Method 1: Solve for x
Rewrite the function solving for x in terms of y. Then apply domain restrictions to that equation. Whatever y-values satisfy those restrictions become your range.
For f(x) = √(x-1):
- y = √(x-1)
- Square both sides: y² = x - 1
- Solve for x: x = y² + 1
- Since y = √(something), y ≥ 0
- Range: [0, ∞)
Method 2: Visual Reasoning
If you know the basic function's shape, you can determine range from its graph. Graph the parent function, then track what y-values are hit.
Function Types and Their Domain/Range
| Function Type | Domain | Range |
|---|---|---|
| Linear (mx + b) | (-∞, ∞) | (-∞, ∞) |
| Quadratic (x²) | (-∞, ∞) | [0, ∞) if opens up |
| Square Root (√x) | [0, ∞) | [0, ∞) |
| Cube Root (∛x) | (-∞, ∞) | (-∞, ∞) |
| 1/x (reciprocal) | x ≠ 0 | y ≠ 0 |
| Exponential (aˣ) | (-∞, ∞) | (0, ∞) |
| Logarithm (log x) | (0, ∞) | (-∞, ∞) |
| Absolute value (|x|) | (-∞, ∞) | [0, ∞) |
Worked Examples
Example 1: Rational Function
f(x) = (x + 2)/(x - 5)
Domain:
- Denominator x - 5 ≠ 0
- x ≠ 5
- Domain: (-∞, 5) ∪ (5, ∞)
Range:
- y = (x + 2)/(x - 5)
- Solve for x: y(x - 5) = x + 2
- yx - 5y = x + 2
- yx - x = 5y + 2
- x(y - 1) = 5y + 2
- x = (5y + 2)/(y - 1)
- Denominator y - 1 ≠ 0, so y ≠ 1
- Range: (-∞, 1) ∪ (1, ∞)
Example 2: Quadratic with Shift
f(x) = (x - 3)² + 2
Domain:
- Square is defined for all real numbers
- No division by zero issues
- Domain: (-∞, ∞)
Range:
- (x - 3)² is always ≥ 0
- Minimum value is 0 (at x = 3)
- (x - 3)² + 2 minimum is 2
- Range: [2, ∞)
Example 3: Combined Function
f(x) = √(x + 4) / (x - 2)
Domain:
- Square root requires x + 4 ≥ 0, so x ≥ -4
- Denominator requires x - 2 ≠ 0, so x ≠ 2
- Combined: [-4, 2) ∪ (2, ∞)
Finding range for combined functions often requires graphing or testing boundary values.

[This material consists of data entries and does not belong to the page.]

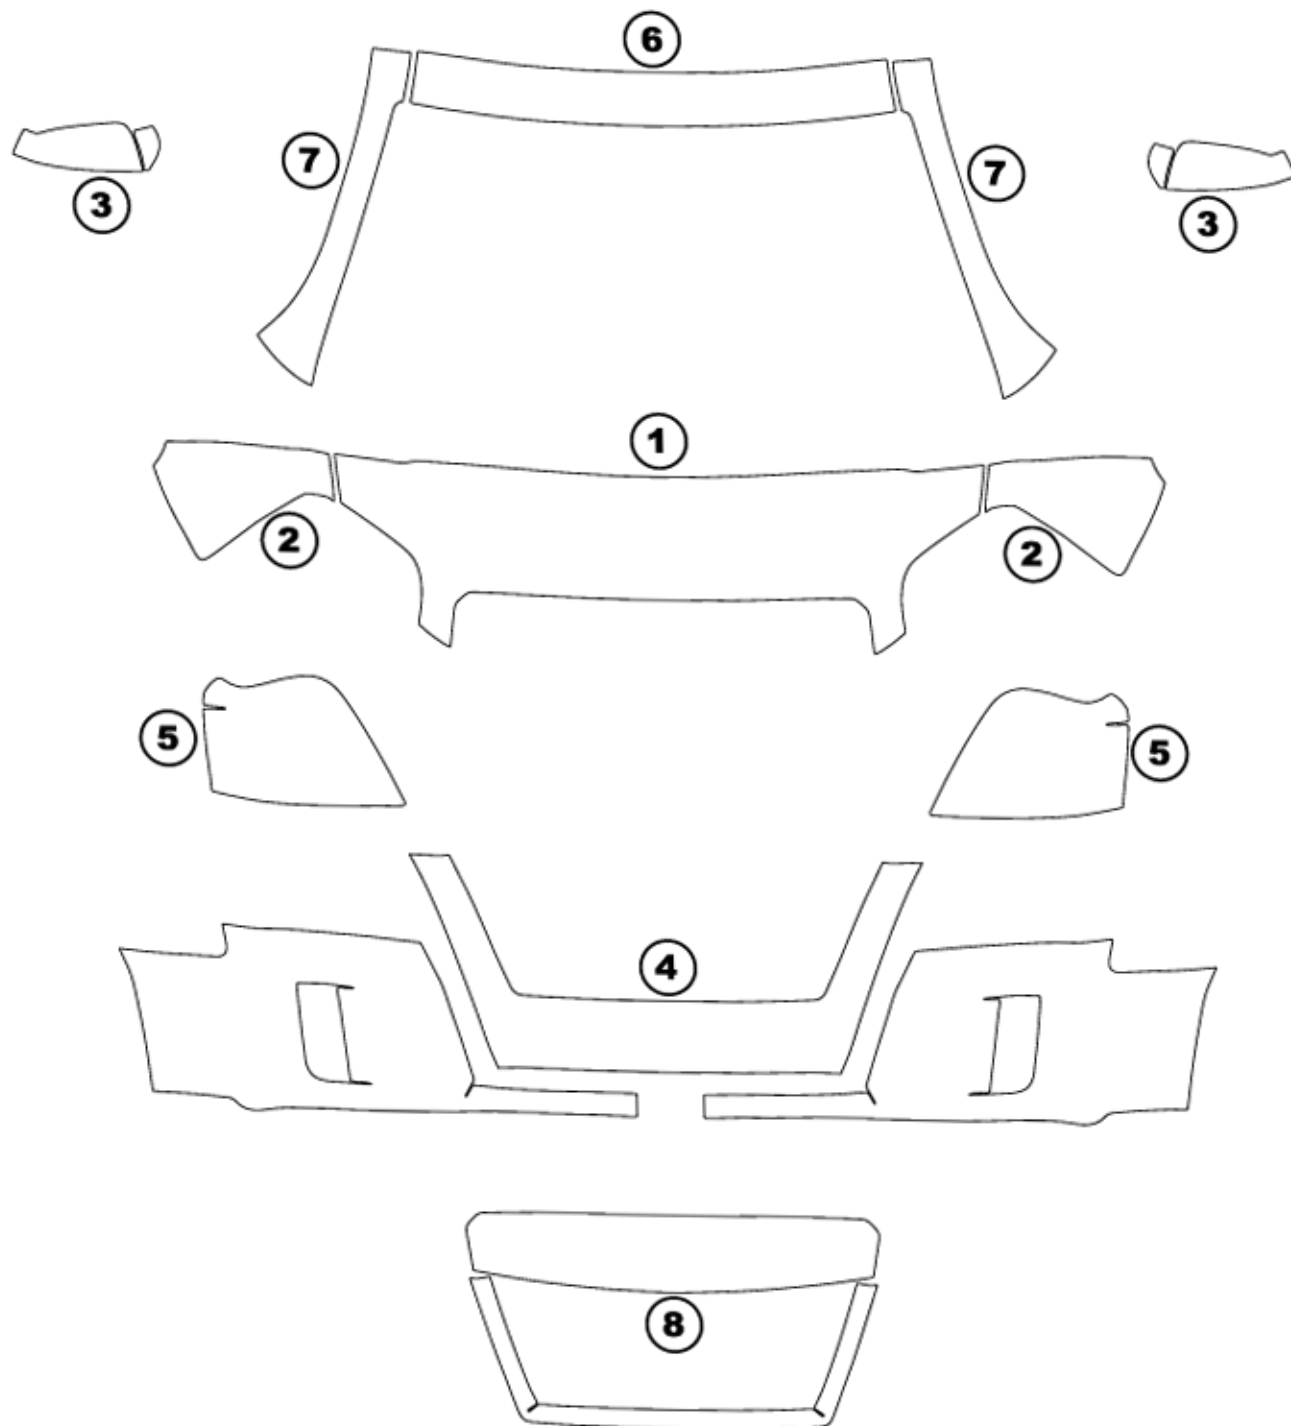

- ① HOOD
- ② FENDER
- ③ MIRROR

- ④ BUMPER
- ⑤ LIGHTS
- ⑥ CAB TOP

- ⑦ A PILLARS
- ⑧ CHROME GRILLE

GMC Terrain, SLE, SLT 2010+

DATE: 01/22/2010

DESIGNER: A.G.

Installed by:

Notes
on back: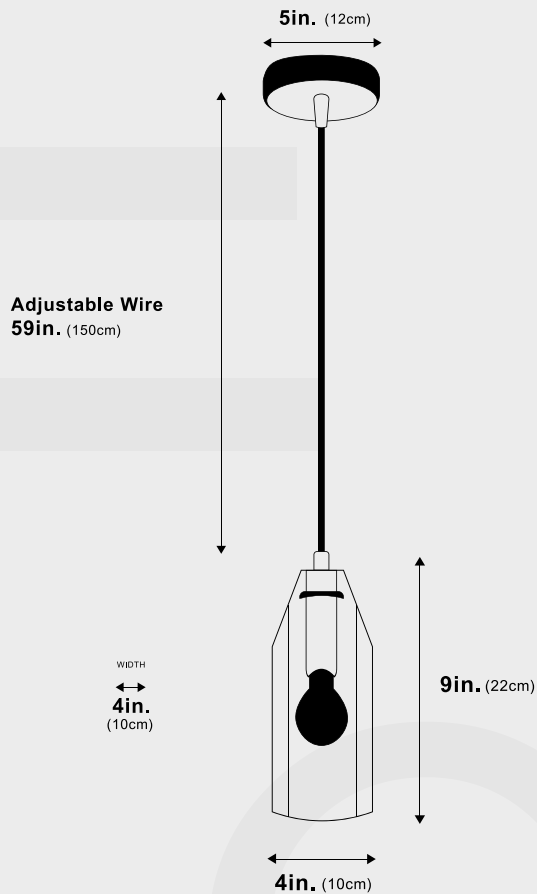

Pictured with the lights on

**Dimensions** 4"x9"

**Weight** 3.8kg

**Materials & Finish** Brass + K9 Crystal

**Certification**  Dry location

**Illumination** Voltage: 110-240V Suitable for all countries  
Type: E14 Bulb (Included)  
Wattage: See table

**Power Source** Hardwired

**Lead Time** 10-15 days

Dimensions	Emitting Color	Lumen	Watts	Dimmable?
4"x9"	3000K	300	5W	No

The algebra gets messy quickly.
Common Mistakes to Avoid
- Forgetting to exclude values from rational function denominators — this is the most common error
- Writing ≥ when you need > — square roots need ≥, logarithms need >
- Assuming range mirrors domain — they are different sets with different restrictions
- Ignoring vertical shifts — adding or subtracting outside the function changes the range, not the domain
Getting Started: Quick Checklist
When you face a new function, run through this:
- Identify function type — polynomial, rational, root, log, etc.
- Spot restrictions — denominators ≠ 0, even roots ≥ 0, logs > 0
- Write domain — exclude restricted values
- Solve for x — if finding range algebraically
- Apply restrictions — to the solved equation for range
- Verify with a graph — when in doubt, check visually
That's the entire process. Practice with five different function types and you'll have this down cold.